Revisiting the Softmax Bellman Operator: New Benefits and New Perspective

TL;DR

This paper revisits the softmax Bellman operator in reinforcement learning, revealing its convergence properties, potential to reduce overestimation errors, and its surprising practical benefits over traditional methods.

Contribution

It provides new theoretical insights into the softmax Bellman operator, including convergence bounds and error reduction, explaining its empirical success in deep Q-learning.

Findings

Softmax Bellman operator converges exponentially fast to the standard Bellman operator.

It can bound the distance of its Q-function from the optimal Q-function.

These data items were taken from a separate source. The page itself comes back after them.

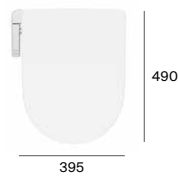

Multiclean® M3 / M1

Multiclean® M3

Main functions and features

- Water temperature at 37°
- Nozzle cleaning function before and after each use
- Quick release Seat and Cover
- Soft Close Seat and Cover

M3

1. **Compatible WCs**
2. Access
   - Carmen
   - Happening
   - Meridian
   - Dama Retro
   - Ona
   - The Gap Round
   - Debba Round
   - Giralda
   - Victoria

Multiclean® M1

Main functions and features

- No need of power supply
- Nozzle cleaning function before and after each use
- Quick release Seat and Cover
- Soft Close Seat and Cover

M1

1. **Compatible WCs**
2. Access
   - Carmen
   - Happening
   - Meridian
   - Dama Retro
   - Ona
   - The Gap Round
   - Debba Round
   - Giralda
   - Victoria

Multiclean® can be incompatible with some models of the featured collections. For more information on compatibilities, please check export.roca.com. Dimensions in mm.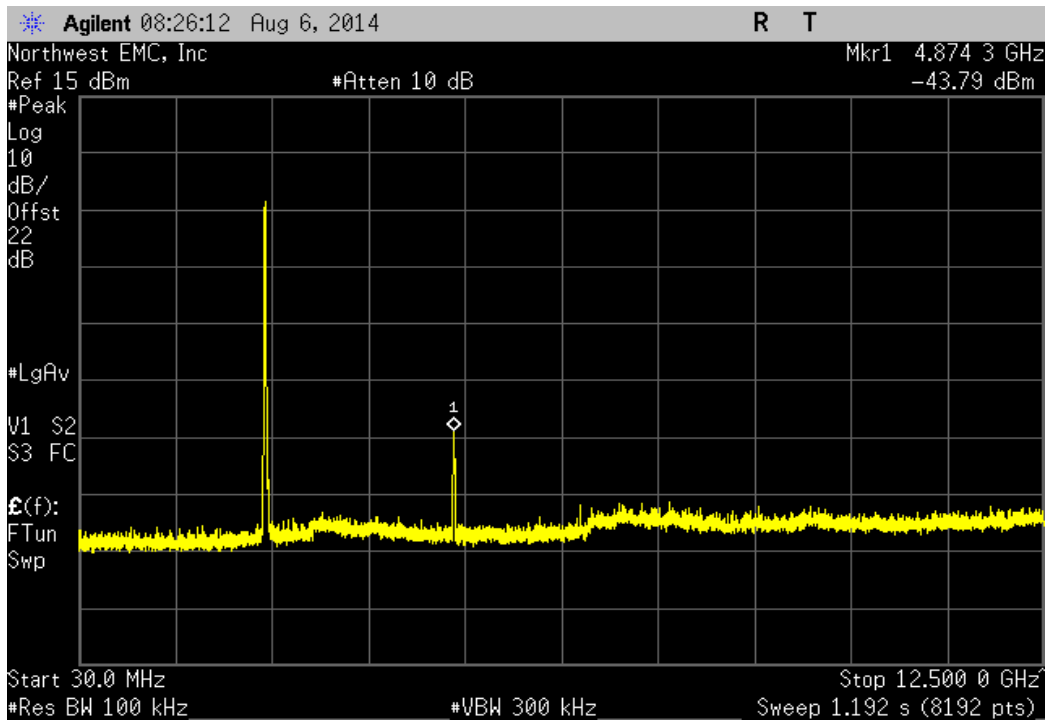

Port 1, 802.11(g) 54 Mbps, Mid Channel 6, 2437 MHz			
Frequency Range	Value (dBc)	Limit ≤ (dBc)	Result
30 MHz - 12.5 GHz	-41.12	-20	Pass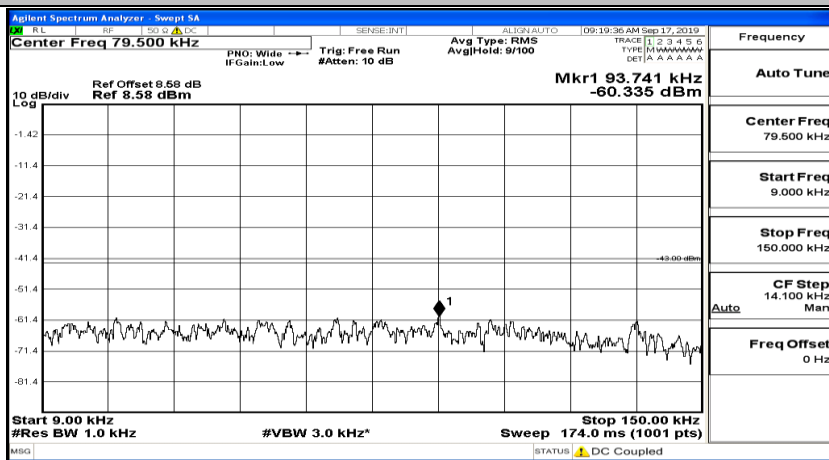

(Channel Bandwidth:20 MHz)_HCH_16QAM_1RB#49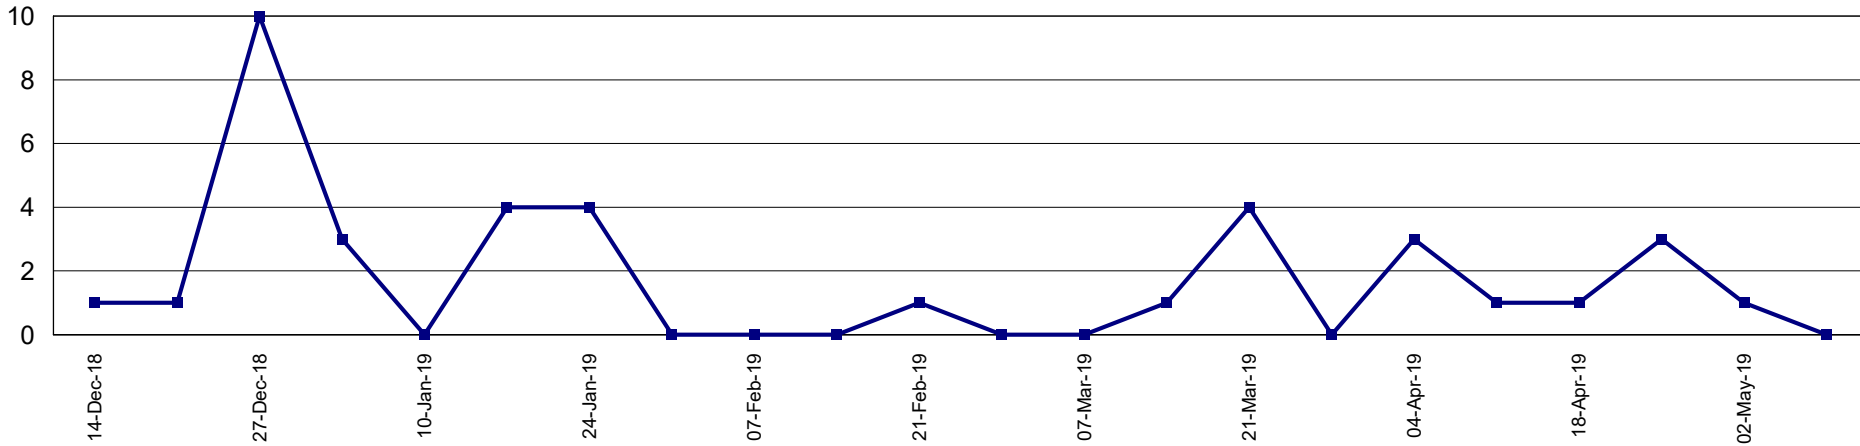

Trap Readings (Totals)

Print Date: 14-May-2019

Date Range: 1-Jun-2018 to 31-May-2019

Page 13 of 18

Pest Service: QFF GMV

District: GE - Numurkah Urban

Pest Service: QFF GMV

District: GE - Shepparton Urba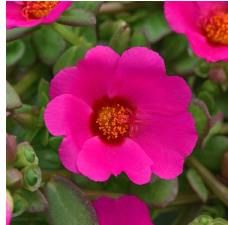

Purslane RíoGrande™ Magenta 26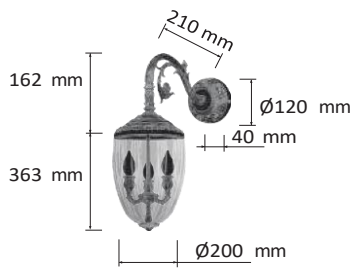

ACCESSORIES

x3 ZMLED-E1440S   230V 4W 0 E14   x3 ZMI-FLAMA4   230V 28W E14   x3 ZMLED-E144GZ   230V 4W E14

CE   IP20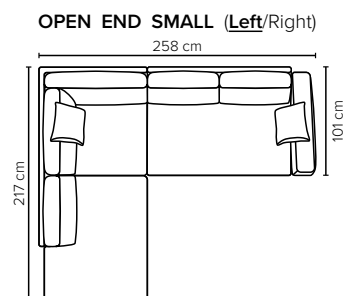

COMBINATIONS

Choose from available sofa models

bellus®

1. **SEAT:** **Cloud System:** Pocket springs + HR Foam 35 kg covered with memory foam and 200 g fiber
2. **BACK:** Siliconized polyester fiber
   Fixed seat cushions and loose back cushions
3. **ARMREST:** Foam 25-30 kg

1. **DECO PILLOWS:** 1 deco pillow per armrest size 40x40 cm
   1 deco pillow per corner size 40x40 cm
2. **FRAME:** Plywood + wood + foam 25 kg
3. **LEG OPTIONS:** Standard: Leg 122 (metal, h: 17 cm)

Metal colors

MATTE BLACK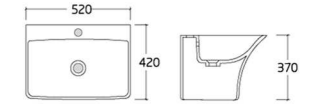

**PM9014A**

- Wall-hung basin
- Size : 520\*460\*380mm

**PM9016**

- Wall-hung basin
- Size : 520\*460\*380mm

**P032A**

- Wall-hung basin
- Size : 520\*460\*380mm

**WH6004**

- Wall-hung basin
- Size : 520\*460\*380mm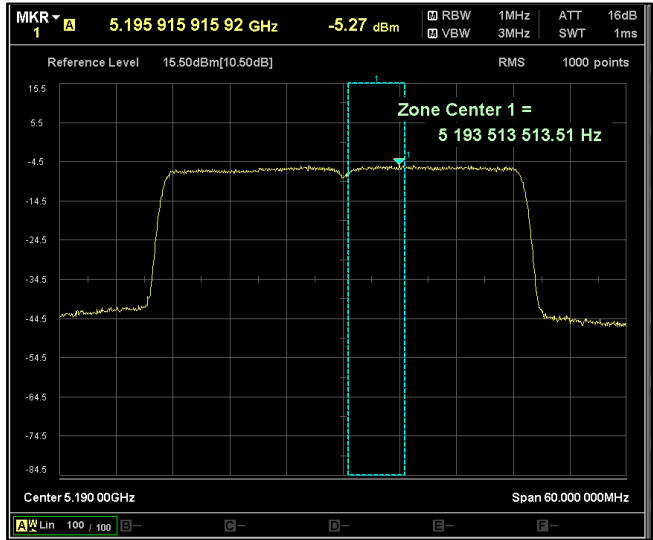

Channel Frequency 5710MHz

Channel Frequency 5755MHz

Channel Frequency 5795MHz

5GHz Test Plots

IN23ESPY 001

Modulation: 802.11 ax-mode\_HE40  
Data Rate : MCS 0

Channel Frequency 5190MHz

Channel Frequency 5230MHz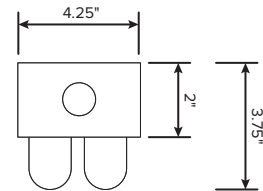

Ordering Guide:

ESL	-	ID	-	WBS2	-	S	-	20W	-	F	-	
ESL		TYPE		SERIES		CLASS		WATTS		LENS		KELVIN
		ID Series		WBS2 (Wide Body)		S		20W (20 Watts)		F (Frosted)		35 (3500 Kelvin) 40 (4000 Kelvin) 50 (5000 Kelvin)
												OPTIONS

Example Part Number: ESL-ID-WBS2-S-20W-F35

Options (Add as Suffix):

- **Sensors:**
  - ESL-4OCC (Occupancy Sensor, On/Off, 8'-20' Mounting)
  - ESL-REM-101 (Hand Held Remote to Program ESL-4OCC)

Dimensions: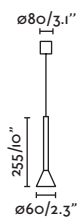

DANKA

● 64222 nickel+black/níquel+negro

● 64223 gold+black/oro+negro

LED COB 6W 3000K 530lm CRI>80 Driver ✓

Body Aluminium/Aluminio

The operator reduces overestimation errors, improving policy performance.

Abstract

The impact of softmax on the value function itself in reinforcement learning (RL) is often viewed as problematic because it leads to sub-optimal value (or Q) functions and interferes with the contraction properties of the Bellman operator. Surprisingly, despite these concerns, and independent of its effect on exploration, the softmax Bellman operator when combined with Deep Q-learning, leads to Q-functions with superior policies in practice, even outperforming its double Q-learning counterpart. To better understand how and why this occurs, we revisit theoretical properties of the softmax Bellman operator, and prove that $(i)$ it converges to the standard Bellman operator exponentially fast in the inverse temperature parameter, and $(ii)$ the distance of its Q function from the optimal one can be bounded. These alone do not explain its superior performance, so we also show that the softmax operator can reduce the overestimation error, which may give some insight into why a sub-optimal operator leads to better performance in the presence of value function approximation. A comparison among different Bellman operators is then presented, showing the trade-offs when selecting them.